WHAT IS NEEDED >> Could you restate every entry word for word, leaving the pictures out?

DATA UNDER STUDY >>
++++

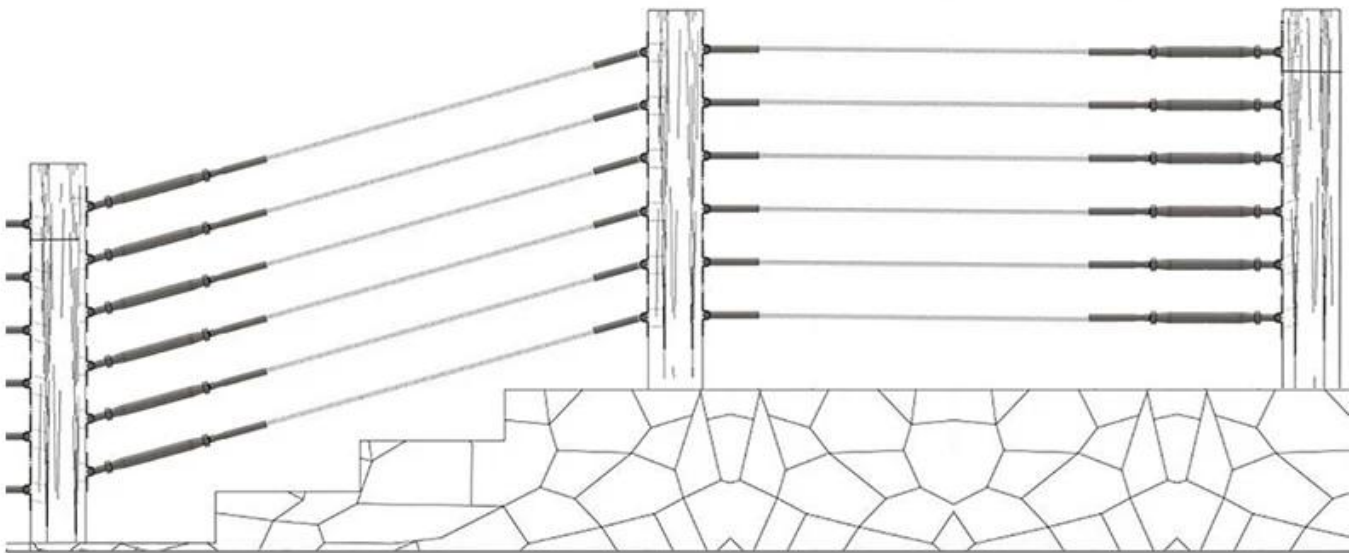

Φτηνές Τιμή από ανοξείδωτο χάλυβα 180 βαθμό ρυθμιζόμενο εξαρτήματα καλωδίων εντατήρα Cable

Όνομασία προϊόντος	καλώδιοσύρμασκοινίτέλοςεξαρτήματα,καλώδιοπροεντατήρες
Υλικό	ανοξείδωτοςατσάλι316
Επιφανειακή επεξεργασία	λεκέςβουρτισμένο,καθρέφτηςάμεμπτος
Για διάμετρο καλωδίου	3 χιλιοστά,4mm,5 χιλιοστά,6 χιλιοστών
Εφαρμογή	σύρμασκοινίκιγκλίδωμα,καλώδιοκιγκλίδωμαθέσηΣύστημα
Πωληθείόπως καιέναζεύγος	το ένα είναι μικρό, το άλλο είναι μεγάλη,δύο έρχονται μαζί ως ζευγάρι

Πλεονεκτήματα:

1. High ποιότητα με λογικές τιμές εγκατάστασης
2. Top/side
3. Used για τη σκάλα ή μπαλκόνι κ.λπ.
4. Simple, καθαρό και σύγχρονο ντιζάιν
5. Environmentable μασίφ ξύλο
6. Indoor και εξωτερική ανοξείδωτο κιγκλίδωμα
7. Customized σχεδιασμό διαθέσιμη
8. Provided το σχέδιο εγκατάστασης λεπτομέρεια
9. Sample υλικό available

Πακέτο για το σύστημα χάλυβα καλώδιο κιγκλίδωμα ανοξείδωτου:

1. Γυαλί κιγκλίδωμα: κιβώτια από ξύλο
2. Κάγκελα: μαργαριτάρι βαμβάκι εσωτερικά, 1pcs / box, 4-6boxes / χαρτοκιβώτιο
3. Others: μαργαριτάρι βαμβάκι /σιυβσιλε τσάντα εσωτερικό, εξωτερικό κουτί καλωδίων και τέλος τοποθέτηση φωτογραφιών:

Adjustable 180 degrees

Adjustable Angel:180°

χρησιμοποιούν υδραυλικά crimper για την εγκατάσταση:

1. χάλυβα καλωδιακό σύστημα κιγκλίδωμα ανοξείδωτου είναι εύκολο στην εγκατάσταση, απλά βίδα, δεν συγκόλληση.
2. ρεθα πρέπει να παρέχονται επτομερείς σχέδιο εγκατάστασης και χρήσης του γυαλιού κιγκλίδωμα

++++

RESULT OF THIS EXERCISE >>
Φτηνές Τιμή από ανοξείδωτο χάλυβα 180 βαθμό ρυθμιζόμενο εξαρτήματα καλωδίων εντατήρα Cable

Όνομασία προϊόντος	καλώδιοσύρμασκοινίτέλοςεξαρτήματα,καλώδιοπροεντατήρες
Υλικό	ανοξείδωτοςατσάλι316
Επιφανειακή επεξεργασία	λεκέςβουρτισμένο,καθρέφτηςάμεμπτος
Για διάμετρο καλωδίου	3 χιλιοστά,4mm,5 χιλιοστά,6 χιλιοστών
Εφαρμογή	σύρμασκοινίκιγκλίδωμα,καλώδιοκιγκλίδωμαθέσηΣύστημα
Πωληθείόπως καιέναζεύγος	το ένα είναι μικρό, το άλλο είναι μεγάλη,δύο έρχονται μαζί ως ζευγάρι

Πλεονεκτήματα:

1. High ποιότητα με λογικές τιμές εγκατάστασης
2. Top/side
3. Used για τη σκάλα ή μπαλκόνι κ.λπ.
4. Simple, καθαρό και σύγχρονο ντιζάιν
5. Environmentable μασίφ ξύλο
6. Indoor και εξωτερική ανοξείδωτο κιγκλίδωμα
7. Customized σχεδιασμό διαθέσιμη
8. Provided το σχέδιο εγκατάστασης λεπτομέρεια
9. Sample υλικό available

Πακέτο για το σύστημα χάλυβα καλώδιο κιγκλίδωμα ανοξείδωτου:

1. Γυαλί κιγκλίδωμα: κιβώτια από ξύλο
2. Κάγκελα: μαργαριτάρι βαμβάκι εσωτερικά, 1pcs / box, 4-6boxes / χαρτοκιβώτιο
3. Others: μαργαριτάρι βαμβάκι /σιυβσιλε τσάντα εσωτερικό, εξωτερικό κουτί καλωδίων και τέλος τοποθέτηση φωτογραφιών:

Adjustable 180 degrees

Adjustable Angel:180°

χρησιμοποιούν υδραυλικά crimper για την εγκατάσταση:

1. χάλυβα καλωδιακό σύστημα κιγκλίδωμα ανοξείδωτου είναι εύκολο στην εγκατάσταση, απλά βίδα, δεν συγκόλληση.
2. ρεθα πρέπει να παρέχονται επτομερείς σχέδιο εγκατάστασης και χρήσης του γυαλιού κιγκλίδωμα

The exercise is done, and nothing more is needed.